- _Source data_:
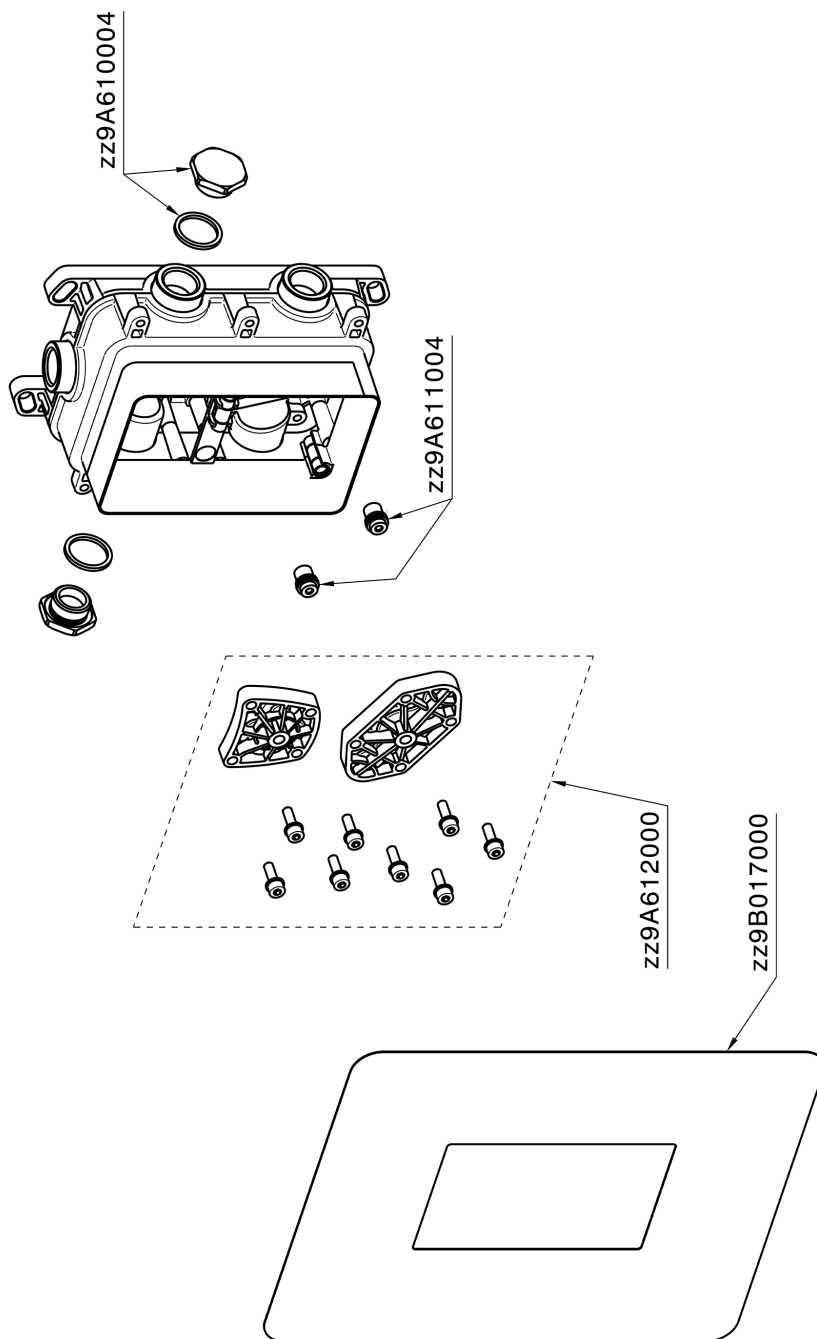

One-Box Universal para empotrado ONE BOX_ZB00B030

MODELO **ZB00B030**

One-Box Universal para empotrado, para termostático o monomando 1 o 2 o 3 salidas, sin parte externa, sin silenciadores, con junta para sellado

ACABADOS DISPONIBLES

CARACTERÍSTICAS

Empotrado	1
Instalación	Empotrado

Termostático

El Termostático Huber es tu gestor personal del agua, ayudándote a manejar, controlar y ahorrar agua y energía.

One-Box Universal para empotrado ONE BOX_ZB00B030

ZB00B030

<https://es.huberitalia.com/one-box-universal-para-empotrado-one-box-zb00b030>

2026-06-10
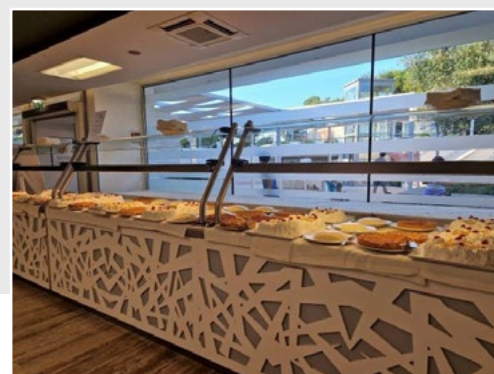

Ultimo aggiornamento
scheda 2022

VOI ALIMINI RESORT

OTRANTO (LE)
Puglia - Italia

BAR E RISTORANTI

■ RISTORANTE PRINCIPALE GLI OLIVI

Il ristorante dispone di ampie sale comunicanti tra loro. I tavoli hanno un supporto centrale che però non ostacola l'accostamento con sedia a ruote. Lo spazio sottostante il tavolo è di 73 cm.

Il banco del buffet è alto 80 cm mentre i distributori del caffè e cappuccino si trovano ad un'altezza di 90 cm.

Descrizione
Sintetica

Aeroporto e
Trasferimenti

Arrivo

Struttura

- Camere
- **Bar e ristoranti**
- Percorsi interni e aree comuni
- Piscina e spiaggia
- Attività sportive e Servizi
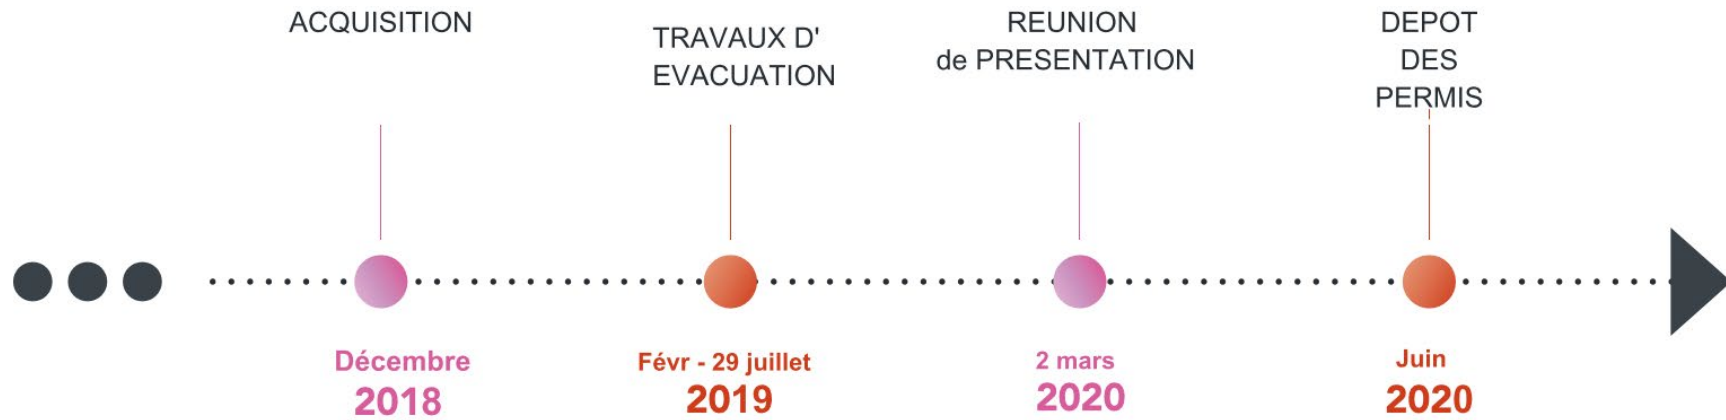

INFORMATIONS ET PLANNING

VALORISATION DU PATRIMOINE lié à l'ancien site liégeois Jupiler / AB-Inbev

Le patrimoine et l'histoire du site méritent toute notre attention.

A l'image de Jupillois qui nous ont procuré des pièces uniques (voir la photo de la boîte à idées et d'un morceau d'une petite aiguille de l'horloge Piedbœuf), nous aimerions inventorier les objets que vous auriez préservé en vue de leur donner une seconde vie dans le futur espace muséal.

- _To do_: Starting from the line with "INFORMATIONS ET PLANNING", write out every remaining line of the data above exactly, the final line included, and nothing before it.

- _Task answer_:
INFORMATIONS ET PLANNING

VALORISATION DU PATRIMOINE lié à l'ancien site liégeois Jupiler / AB-Inbev

Le patrimoine et l'histoire du site méritent toute notre attention.

A l'image de Jupillois qui nous ont procuré des pièces uniques (voir la photo de la boîte à idées et d'un morceau d'une petite aiguille de l'horloge Piedbœuf), nous aimerions inventorier les objets que vous auriez préservé en vue de leur donner une seconde vie dans le futur espace muséal.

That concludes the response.